[Items listed in a dataset]
=== Section Start ===

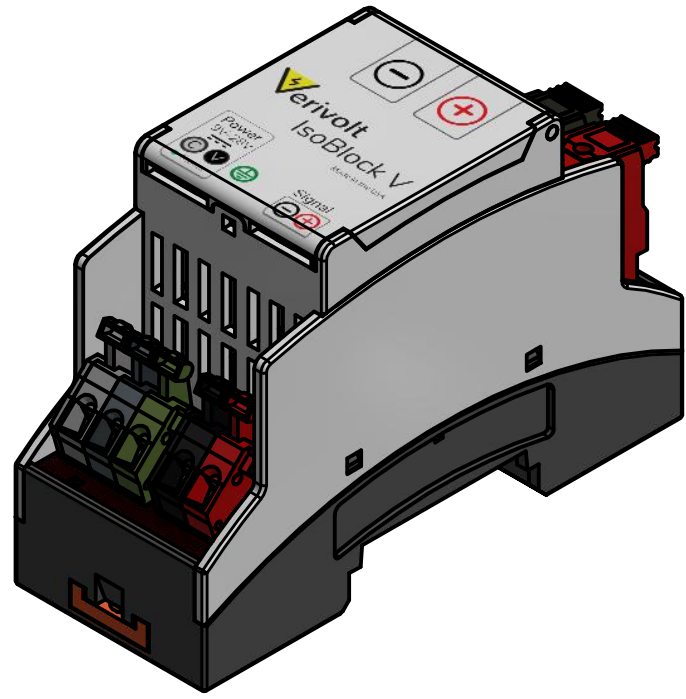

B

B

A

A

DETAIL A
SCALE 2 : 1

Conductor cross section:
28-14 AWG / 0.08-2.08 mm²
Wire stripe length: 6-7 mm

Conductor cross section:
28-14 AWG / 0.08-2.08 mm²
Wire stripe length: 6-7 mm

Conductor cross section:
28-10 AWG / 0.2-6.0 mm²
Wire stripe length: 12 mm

=== Section End ===

■ Problem to work on: Pictures aside, repeat each entry in full and without change.

■ Output of the exercise:
B

B

A

A

DETAIL A
SCALE 2 : 1

Conductor cross section:
28-14 AWG / 0.08-2.08 mm²
Wire stripe length: 6-7 mm

Conductor cross section:
28-14 AWG / 0.08-2.08 mm²
Wire stripe length: 6-7 mm

Conductor cross section:
28-10 AWG / 0.2-6.0 mm²
Wire stripe length: 12 mm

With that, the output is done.